Die enorme Nachfrage lässt jedoch den Leopardenbestand in Südafrika immer weiter schrumpfen. Tierschützer schlagen bereits Alarm, um die bedrohte Tierart zu retten. Die letzte Zählung des Bestandes an Leoparden ergab, dass er nur noch weniger als 500 der nachtaktiven Großkatzen noch gibt. Das traditionelle Tragen des Leopardenfells ist eine der Hauptursachen, warum sich der Bestand in der letzten Zeit so drastisch gesenkt hatte. Doch der Handel hört nicht auf zu blühen und es gibt immer noch eine ungehaltene Nachfrage. Im vergangenen Jahr bei einem Fellhändler 64 Leopardenfelle sichergestellt. Nur vier Jahre zuvor beschlagnahmte man bei ihm 58 Felle. Auch in Johannesburg wird der Handel mit den Fellen stark betrieben. Tierschützer kritisieren dies seit Jahren, denn nicht nur die traditionelle Mode, sondern auch die traditionelle Medizin bedrohen die Tierart.

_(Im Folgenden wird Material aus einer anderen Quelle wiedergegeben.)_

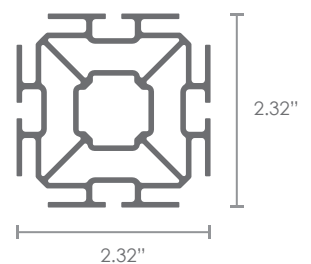

lengths of 10 foot

 WEIGHT
8.95 oz per
linear foot

80 Structure

RX-113

lengths of 10 foot

 WEIGHT

23.38 oz per
linear foot

40 Structure

RX-114

lengths of 10 foot

 WEIGHT

14.51 oz per
linear foot

System Retro - Aluminium

RX-115

lengths of 10 foot

 WEIGHT

2.82 oz per
linear foot

System Retro - Plastic

RX-116

lengths of 10 foot

 WEIGHT

1.34 oz per
linear foot

REXwall Post

RX-117

lengths of 10 foot

 WEIGHT

28.37 oz per
linear foot

Single Sided D'LiTe

RX-118

lengths of 10 foot

WEIGHT
4.60 oz per
linear foot

Double Sided D'LiTe

Gerade jetzt in der Wahlzeit kann man die Politiker und die ranghohen Personen mit den Fellen betrachten. Bei feierlichen Anlässen und auch beim Besuch auf den Gemeinden werden die Felle angezogen. Diskussionen bezüglich der Mode und des Tierschutzes wird jedoch strickt abgelehnt. Selbst einige Sekten und Kirchen zeigen sich in den Fellen. Sämtliche Beschuldigungen von den Tierschützern werden abgelehnt, da sich weder der Staat noch die Kirche vor den Bräuchen rechtfertigen will.